The packaging of a variety of goods for transport and storage has always been a need for industrialized countries. While a wide variety of packaging techniques are available, of particular interest to industry is the packaging of products in small unit containers, such as metal cans. Here, the product to be packaged is placed in a container body, and a lid is then secured onto the container body to retain the product in the container and to prevent contamination of the product from the external environment.
Of particular interest to the industry and to the scope of the present invention is the metal container industry wherein a product is placed in a metallic container body onto which a lid is subsequently seamed. Such containers are often used in the food and beverage industry. Here, steel or aluminum lids are respectively seamed onto the top edge of a filled container. Typically, such lids may have pull tabs or other opening structures fabricated therein to allow easy manual opening of the container. Examples of such containers are aluminum beverage cans which predominant the packaging of beverages at the present time. Another example of such containers are those to hold liquid petroleum products, such as oil, engine additives, brake fluids, etc. Thus, it is typical to package liquid products in such containers.
A commonly used seaming apparatus utilizes a turret including a plurality of seaming stations. An unseamed container and a lid are placed in a seaming station, and a lid is engaged by a chuck which places a column load between the container body and the lid with the lid engaging the top peripheral edge of the container body. The chuck is connected to a gear drive which operates to rotate the container and lid. A first seaming roller engages the top edge of the container body and the outer peripheral edge of the lid with the first seaming roller and the chuck contoured to cooperate together thereby to change the shape of the lid and can edge as it is driven around the seaming station. Next, the first seaming roller is withdrawn, and a second seaming roller is toggled into position. The container continues to rotate in the seaming station to complete the seaming operation. Here, the peripheral edge of the lid and the top edge of the can are sequentially configured by the chuck acting with the first and second seaming rollers to form a final seam that typically hermetically seals the contents of the container from the external environment.

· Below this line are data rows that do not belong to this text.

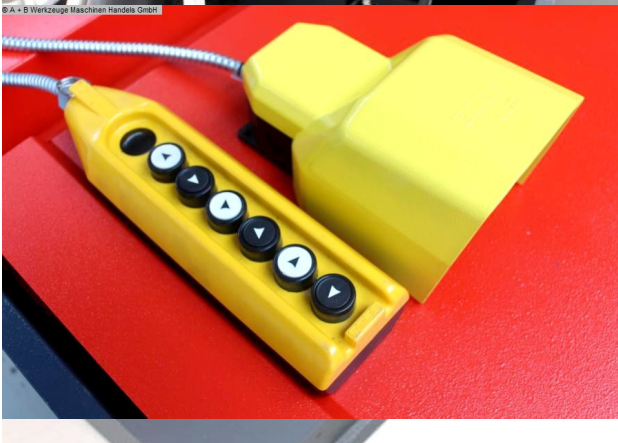

Rottweg 17 • D 48683 Ahaus
Tel. (0 25 61) 93 84-0
Fax (0 25 61) 93 84 36
Internet: www.ab-maschinen.de
E-Mail: info@ab-maschinen.de

Schweißtechnik
Lagereinrichtungen
Industriebedarf
Werkvertretungen
Gebrauchtmachines

Existing seaming apparatus, however, are not without disadvantages. Usually, the structure of such a seaming apparatus is fairly complex, incorporating a large number of both stationary and moving parts. As a result of the large number of moving parts, a first problem relates to lubrication. Here, oil must be provided on a regular basis to reduce friction of the moving parts. The presence of oil in such quantities, though, is undesirable where the product to be packaged may become inadvertently contaminated with the lubricating fluid. Such is an especial disadvantage for the product packaged is a food or beverage for consumption.
Moreover, the use of a complex structure, including such structures as rotary tables, can lifters, the turret head chuck assemblies, the gear drives, knock-out rods, and the like require a typical can seamer to be a fairly expensive and massive structure. This is especially true where a sufficient number of seaming stations are provided to get a rapid throughput of containers during the seaming operation. The size and complexity of such machines increase their capital costs which make the cost prohibitive for small canners and packagers.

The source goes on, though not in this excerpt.